Да, вы совершенно правы! Незачем говорить о том, что и так известно каждому в этой горнице. Давайте начнём с того дня, когда я попал в аптекарский дом.


Это был довольно жаркий день, и жара стояла уже целую неделю. Плохо, когда такая сушь в начале лета. Посевы только взошли, нежные они ещё, воды просят, а небо сухо, точно горло пьяницы, которому похмелиться нечем. Да что я вам рассказываю, вы и так знаете, что прошлой осенью был неурожай и цены на зерно поднялись едва ли не вдвое.

Итак, жарило сверху, и небо даже не голубым было, а белесым, как рубаха, которую много стирали и затем сушили на солнце. Час тогда шёл пятый от восхода, и никакой тени – только земля стоптанная, твёрже камня. А ещё воняло изрядно. Там же рядом склады, длинные такие сараи, где торгующие на Нижнем базаре купцы хранят свои припасы. Покупатели на Нижний базар ходят небогатые, а потому и невелика беда, коли товар будет второй свежести.

Где находился я? А находился я в канаве, куда меня пинками загнали трое парней. Тоже из бездомных. Осерчали они, что явился я, никому не известный, прямо на дорогу, ведущую к базару, и принялся клянчить милостыньку. Сами рассудите, не по-людски поступил. Нет чтобы смиренно спросить старшого местных нищих и выклянчить дозволение где-нибудь примоститься с краешку, да пятак за место заплатить, а к вечеру – третью долю с выручки… нет, припёрся то ли дурной, то ли наглый. Известное дело, надо такого поучить.
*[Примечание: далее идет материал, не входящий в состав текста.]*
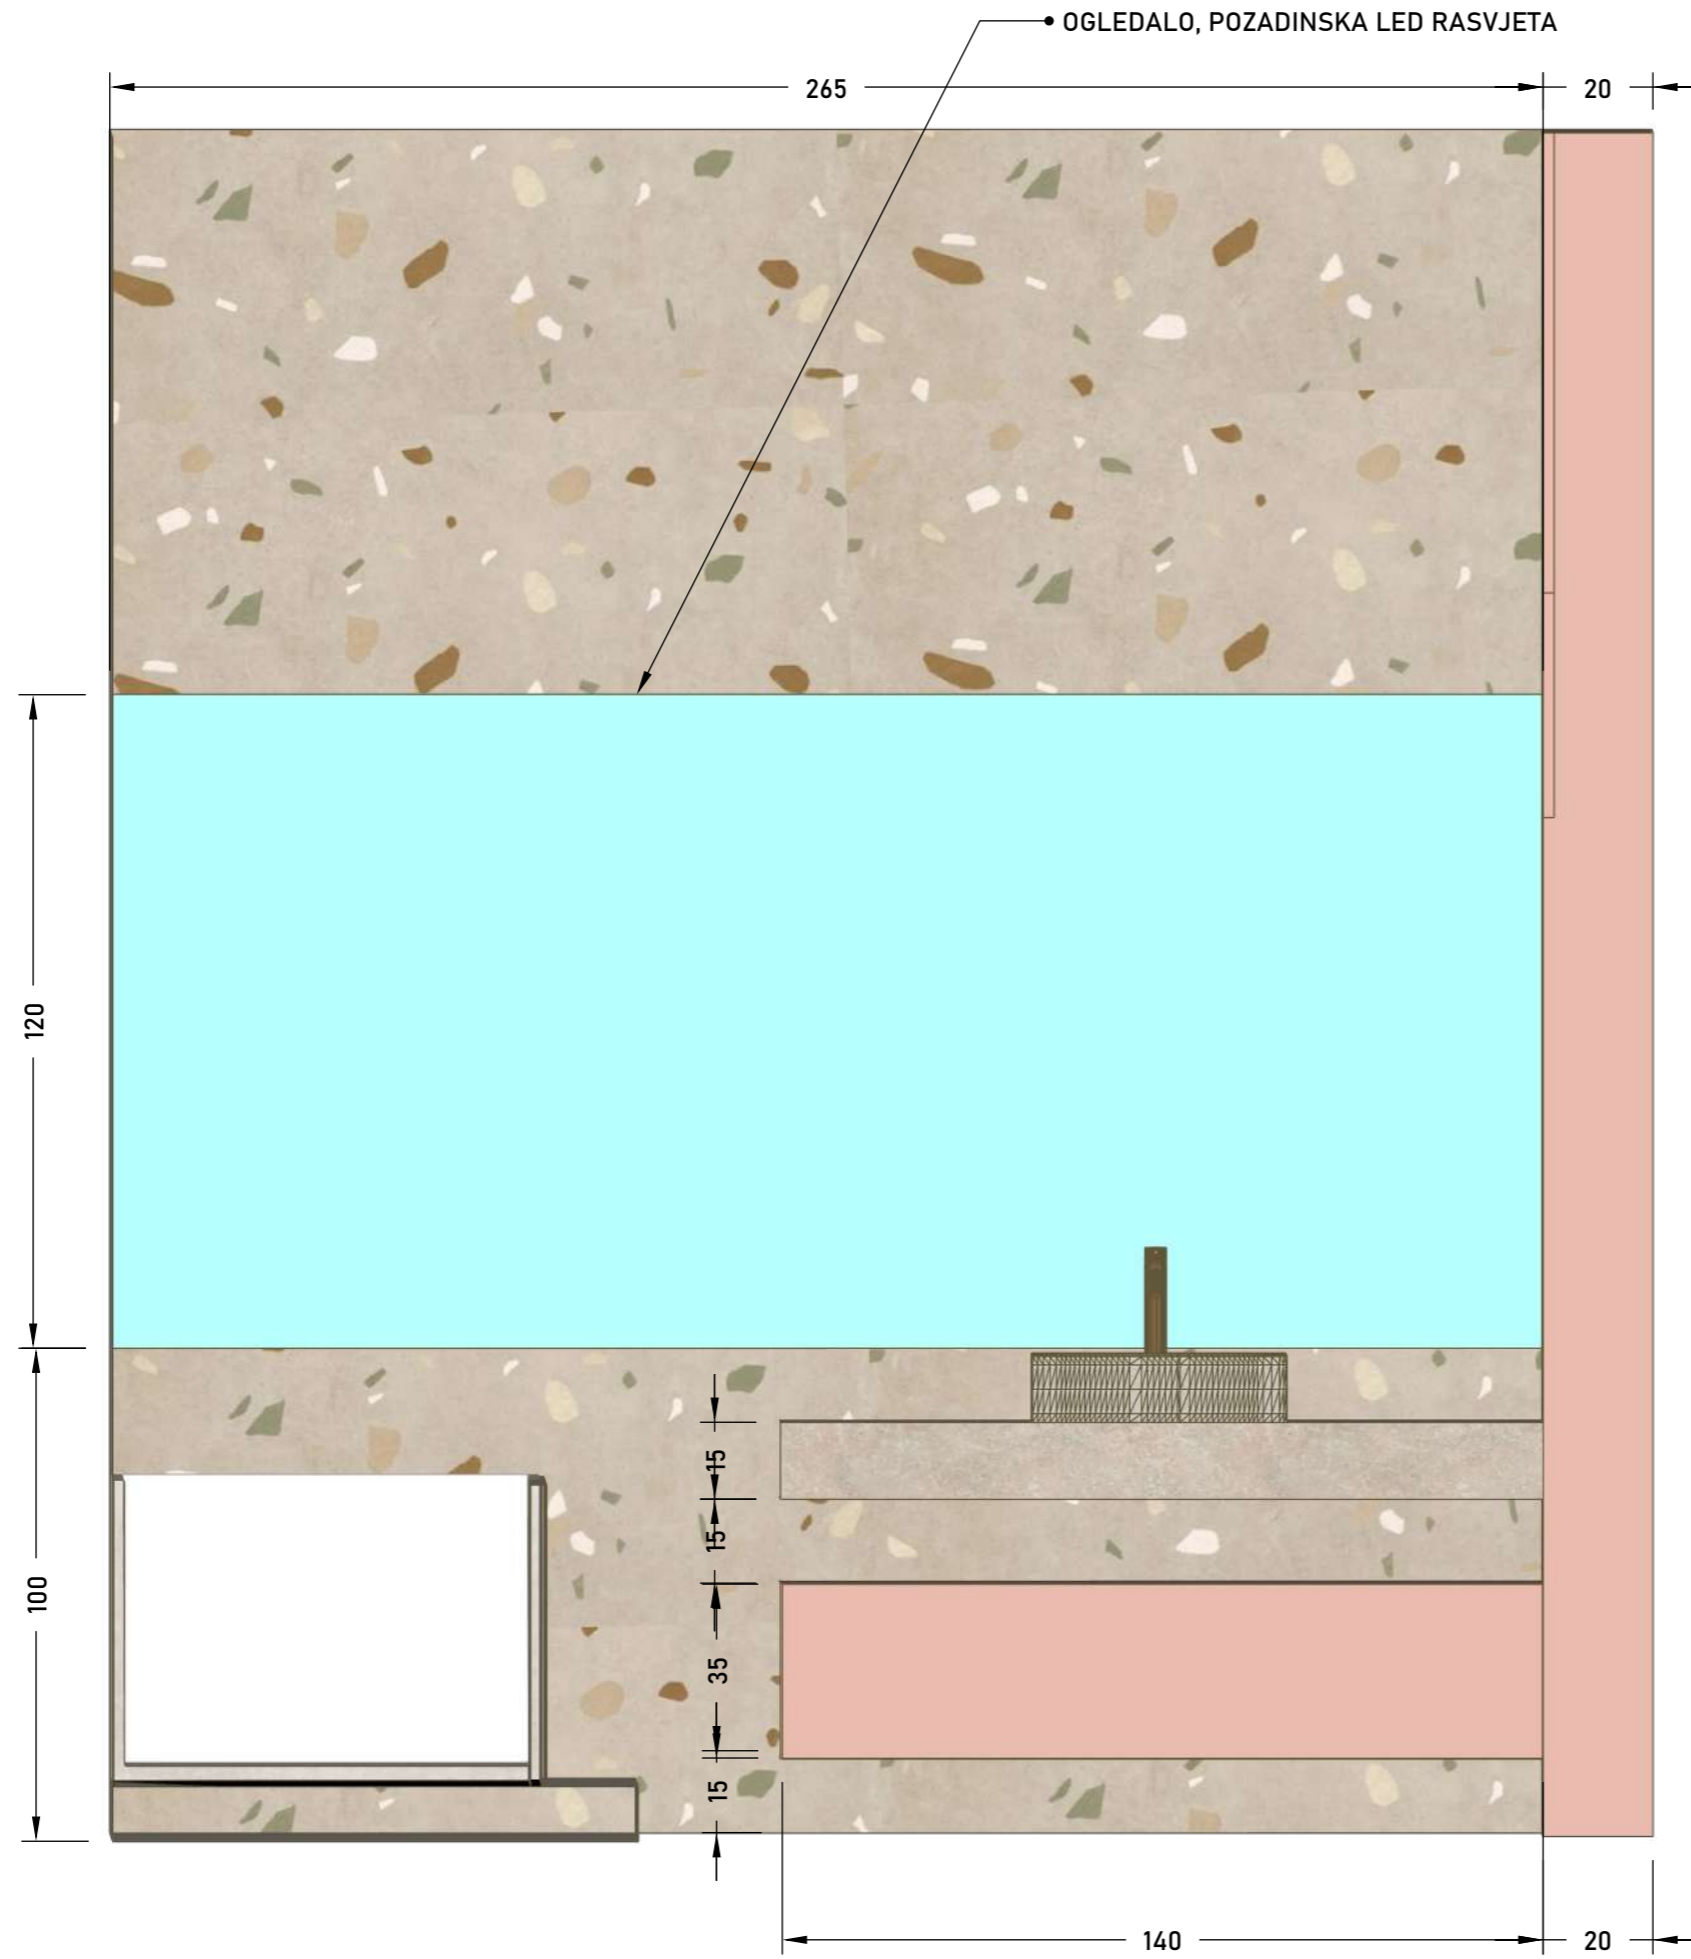

LED RASVJETA

LED RASVJETA

LED RASVJETA

*VARIJANTA 2 bez klupice/ ardinjere na strani TV-a:
 dodati element/ank 120x60x110, dvije fronte s unutarnje strane - PRIKAZAN U VIZUALIZACIJAMA

• ARDINJERA NA DRUGOJ STRANI IDENTINA SAMO SU BILJKE DO KRAJA DESNO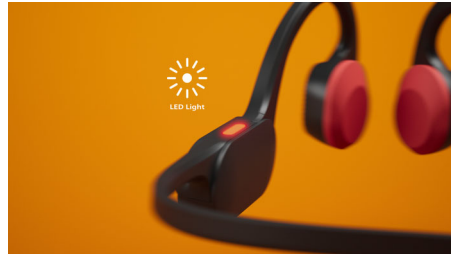

Bone Conduction

Bone Conduction-teknologi sender lyd gennem kraniets knogler, så du ikke behøver at sætte en øreprop i øret eller bære hovedtelefoner, der dækker dit øre. I stedet bevæger lyden sig fra dine kindben direkte til det indre øre – og musikken dukker på magisk vis op i dit hoved!

Tydeligere opkald på farten

Når du er i gang med et opkald, opfanger en retningsbestemt mikrofon præcist lyden af din

stemme, mens en AI-algoritme fjerner baggrundsstøj. Den person, du taler med, vil høre dig, ikke trafikken eller personer, der står ved siden af dig!

LED-sikkerhedslys

Løb om aftenen. Tag på vandretur i bjergene i skumringen. Eller tag på en cykeltur i skoven. LED-dioder på rammen søger for, at du er synlig i svagt oplyste omgivelser. Du kan styre LED-dioderne via Philips Headphones-appen eller via on/off-knappen på rammen.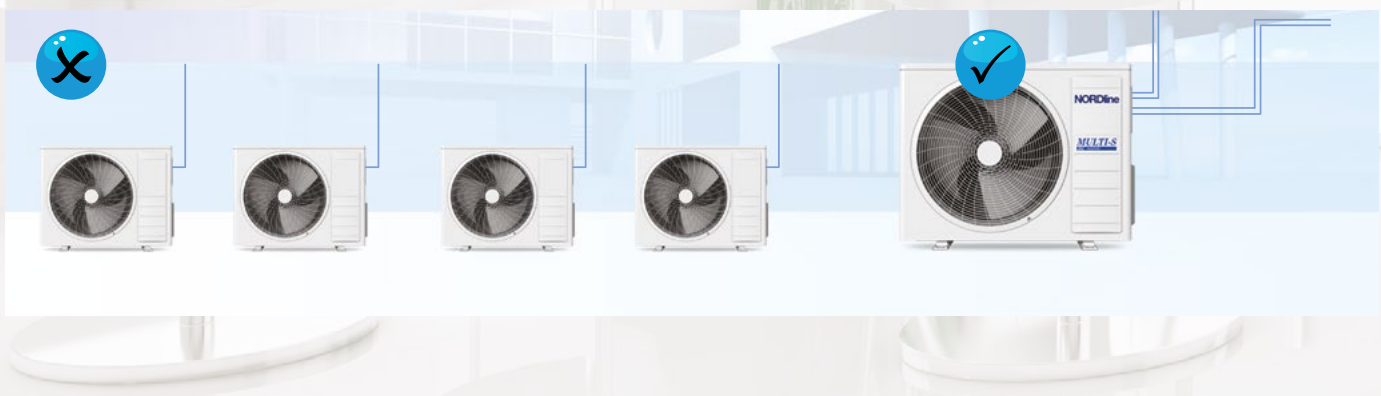

Flexibilita a úspora místa při instalaci:

- na 1 venkovní jednotku možno připojit až 5 vnitřních jednotek – vhodné pro větší objekty
- možnost samostatného ovládání vnitřních jednotek
- lze postupně doplňovat instalace
- délka potrubí až 80 m
- max. převýšení mezi vnitřní a venkovní jednotkou je 15 m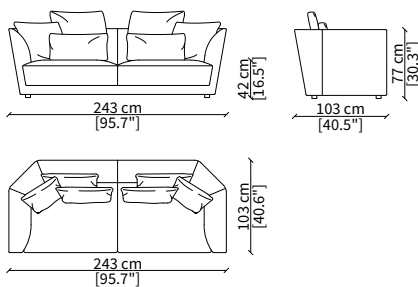

cod. 17701

Divano 243 cm / Sofa 243 cm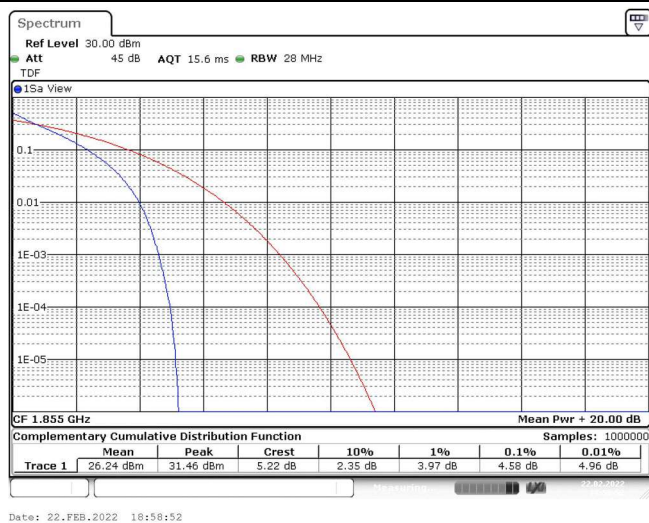

Band2-10MHz-QPSK-18650-1RB#0

Band2-10MHz-QPSK-18650-50RB#0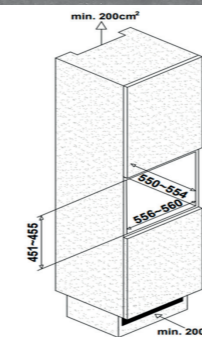

5 JAAR GARANTIE

5 JAAR GARANTIE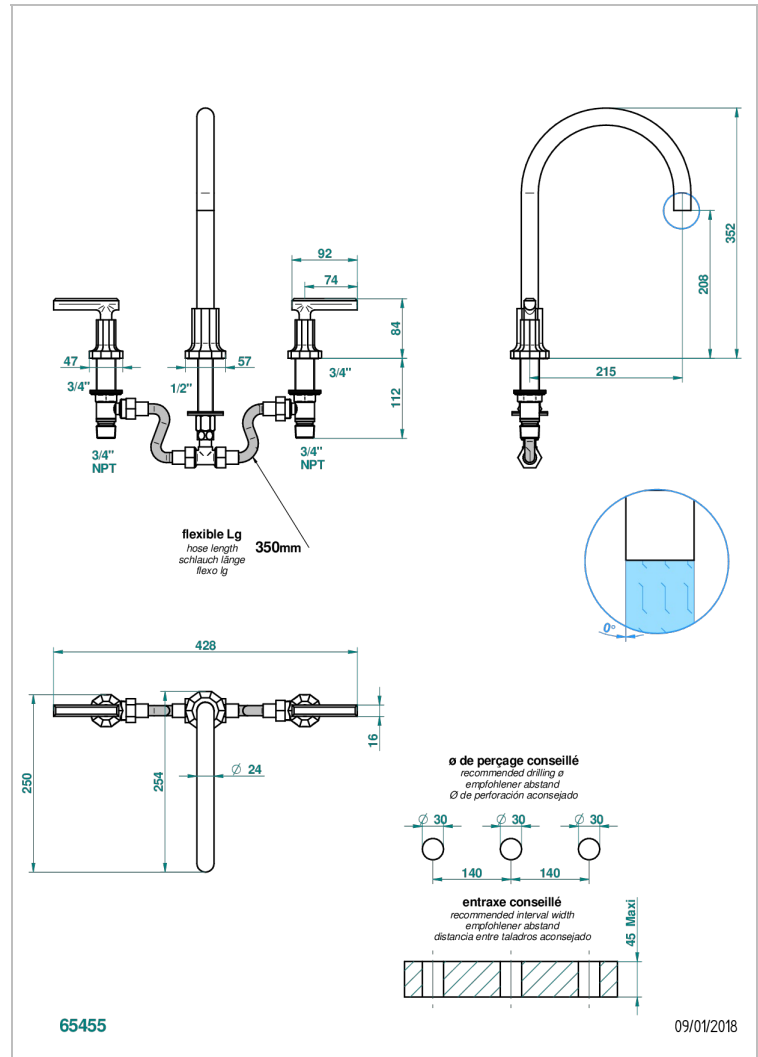

LES ONDES WITH LEVER

G8B-25SG

Batería 3 agujeros de baÑera, caÑo super goliath

THG[®]
PARIS

CARACTERÍSTICAS

- ACS : 18ACCLY403
- NF : NF EN 200 - IID/A - Chrome

ESTÁNDAR

ACABADOS DISPONIBLES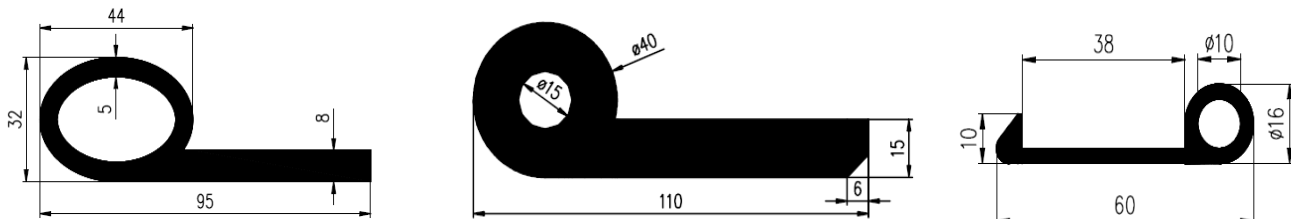

Bestel Nummer	Mengsel	Bestel Nummer	Mengsel	Bestel Nummer	Mengsel
VP2517	SBR zwart 60 sh A	VP3530	EPDM zwart 60 sh A	VP4174	NBR/SBR zwart 60 sh A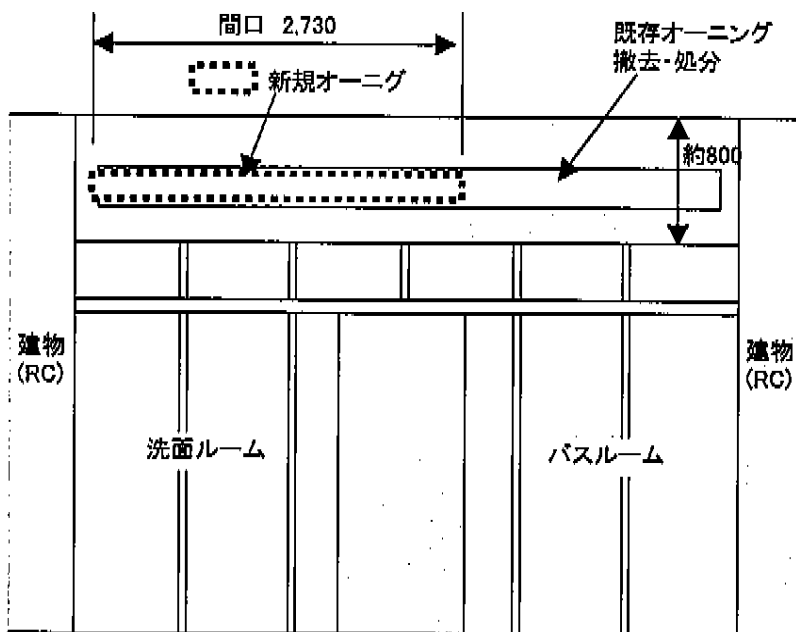

# 彩鳥S型 ボックスタイプ 電動式

正面

横から

上から

トステム 彩鳥S型 ボックスタイプ 電動式  
 間口=関東間1.5間 (2,730mm)  
 出幅=2,000mm  
 本体色：【未定】  
 キャンバス色：ポリエステル【色未定】  
 駆動：電動式/外観左駆動  
 スイッチ：室内露出型

現場状況や作図制限により概略図の内容と多少の違いが生じることがございます。  
 施工時は、現場優先とさせて頂きたく思いますので、お立会い頂き、  
 最終のご指示のほど、何卒、宜しくお願い致します。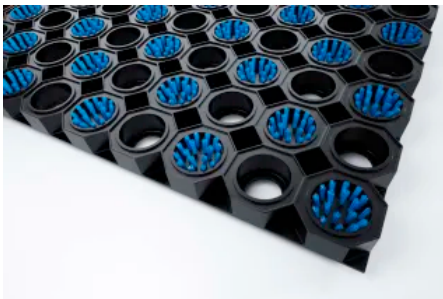

- **Höhen:** 12, 17 und 22 mm
- **Breiten:** 27,5 mm und 44 mm (Large)

Teil 1: Gummiwabenmatten und Matten-Alternativen

Gummiwabenmatten

Speziell bei extremem Feuchtigkeitsanfall. Optionale Bürsten sorgen für optimierten Schmutzabrieb. Mit der optional integrierten Anlaufkante wird die Matte auch ohne Rahmen verlegt.

Geeignet für Eingänge und Treppen im Außenbereich, Industrie-, Messe und Sporthallen, Skilifte, Schiffsdecks und Bootsstege ohne Mattenbett bzw. ohne Rahmen.

Eingangsmatten Speziallösungen: Taktile Leitsysteme, Design- und Gummiwabenmatte

Aus der Serie Sauberlaufsysteme: Eingangsmatten und Sauberlauf von emco Bautechnik

STRUCTURA

Structura

Sehr robuste, universal einsetzbare Matte mit hohem Reinigungseffekt (gegen Grobschmutz). Aufgrund der leichten Reinigung, des einfachen Wasserablaufes sowie der hohen Temperaturbeständigkeit (-30 bis +50°C) ideal auch für Außenbereiche mit Schnee und hohem Feuchtigkeitsanfall geeignet.

Doppelring-Rundbürsten für die emco Structura

Doppelring-Rundbürsten für emco Structura

Effektive Doppelring-Rundbürsten für die nachträgliche, bauseitige Nachbestückung. Hoher Reinigungseffekt (gegen Grob- und Feinschmutz). Empfehlung: In jeder zweiten Wabe eine einfarbige Doppelring-Rundbürsten (ca. 290 Bürsten/qm). 6 Farben stehen zur Auswahl: blau, rot, schwarz, gelb, grün und grau. Aufgrund der leichten Reinigung, des einfachen Wasserablaufes sowie der hohen Temperaturbeständigkeit (-30 bis +50°C) ideal auch für Außenbereiche mit Schnee und hohem Feuchtigkeitsanfall geeignet.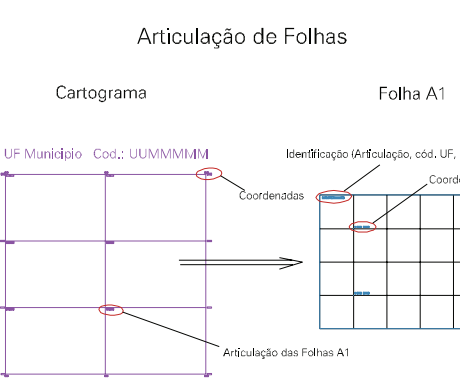

(583, 6674)

(586, 6674)

(583, 6673)

(586, 6673)

ESTADO DO RIO GRANDE DO SUL
 Município: 43.21600
 TRAMANDAÍ
 Folha : 04 - 02

Arquivo: 4321600.dgn
 Limites(km): (582, 6672)-(586, 6675)

- LEGENDA**
- LIMITES**
- Município ou Perímetro Urbano
 - Distrito
 - Subdistrito, RA, Zona ou similar
 - Bairro ou similar
 - Setor Censitário
- CODIGOS**
-  22306.05 Distrito (cod. do município + cod. do distrito)
 -  05.06 Subdistrito (cod. do distrito + cod. do subdistrito)
 -  003 Bairro (cod. do bairro no município)
 -  25 Setor (número do setor no distrito ou subdistrito)

MAPA URBANO DIGITAL
 FOLHA A1

Вот они и учили – и хорошо ещё, что босота. Пятками по рёбрам – всё же не сапогами коваными. Но всё равно несладко мне приходилось. Рубашку мою латаную-перелатаную и вовсе в клочки изорвали, да и штанам немногим лучше пришлось. Нет, убивать меня им интересу не было, да и калечить тоже. Просто поучить. В канаве-то почти пересохло, не утонешь, не осень. Но и приятного мало. Они там сверху стоят и камнями забрасывают. Не такими, чтобы череп раскроить – мелкими камешками. А знаете, чего мне в тот час более всего хотелось? Никогда не догадаетесь! Умыться! К грязи-то я привычен, но уж больно противно, когда пыль на твоём лице с потом смешалась да с кровью. И ранка-то пустячная, ну, камнем щёку оцарапало, когда на мостовую они меня свалили и месить начали, а кровило изрядно.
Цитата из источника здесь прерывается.